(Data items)
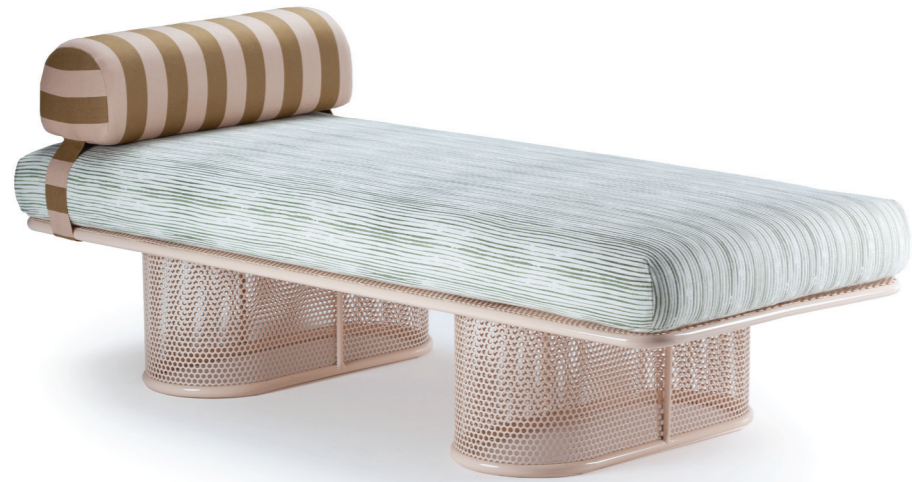

## riviera

chair

**top** fabric  
**structure** stainless steel 304  
**dimensions** w 49 cm  
d 58 cm  
h 82 cm  
seat height 49 cm

//as pictured  
strange love 003, earth stainless steel 304  
structure

# riviera

armchair

**top** fabric  
**structure** stainless steel 304  
**dimensions** w 69 cm  
 d 87 cm  
 h 71 cm  
 seat height 39 cm

//as pictured  
 go with the flow, salmon stainless steel 304  
 structure

# riviera

chair

**top** fabric  
**structure** stainless steel 304  
**dimensions** w 46 cm  
 d 52 cm  
 h counter 91 cm  
 seat height counter 71 cm  
 h bar 96 cm  
 seat height bar 76 cm

//as pictured  
 raja esmeche naranja/blanco, earth stainless  
 steel 304 structure

# riviera

daybed

**top** fabric  
**structure** stainless steel 304  
**dimensions** w 190 cm  
 d 79 cm  
 h 69 cm

//as pictured  
 raja esmeche blanco/verde oscuro,  
 sage stainless steel 304 structure

### TASK ITEM:
Before copying, set the pictures aside; then give the records again exactly.

### SOLUTION FOR THIS PROBLEM:
## riviera

chair

**top** fabric  
**structure** stainless steel 304  
**dimensions** w 49 cm  
d 58 cm  
h 82 cm  
seat height 49 cm

//as pictured  
strange love 003, earth stainless steel 304  
structure

# riviera

armchair

**top** fabric  
**structure** stainless steel 304  
**dimensions** w 69 cm  
 d 87 cm  
 h 71 cm  
 seat height 39 cm

//as pictured  
 go with the flow, salmon stainless steel 304  
 structure

# riviera

chair

**top** fabric  
**structure** stainless steel 304  
**dimensions** w 46 cm  
 d 52 cm  
 h counter 91 cm  
 seat height counter 71 cm  
 h bar 96 cm  
 seat height bar 76 cm

//as pictured  
 raja esmeche naranja/blanco, earth stainless  
 steel 304 structure

# riviera

daybed

**top** fabric  
**structure** stainless steel 304  
**dimensions** w 190 cm  
 d 79 cm  
 h 69 cm

//as pictured  
 raja esmeche blanco/verde oscuro,  
 sage stainless steel 304 structure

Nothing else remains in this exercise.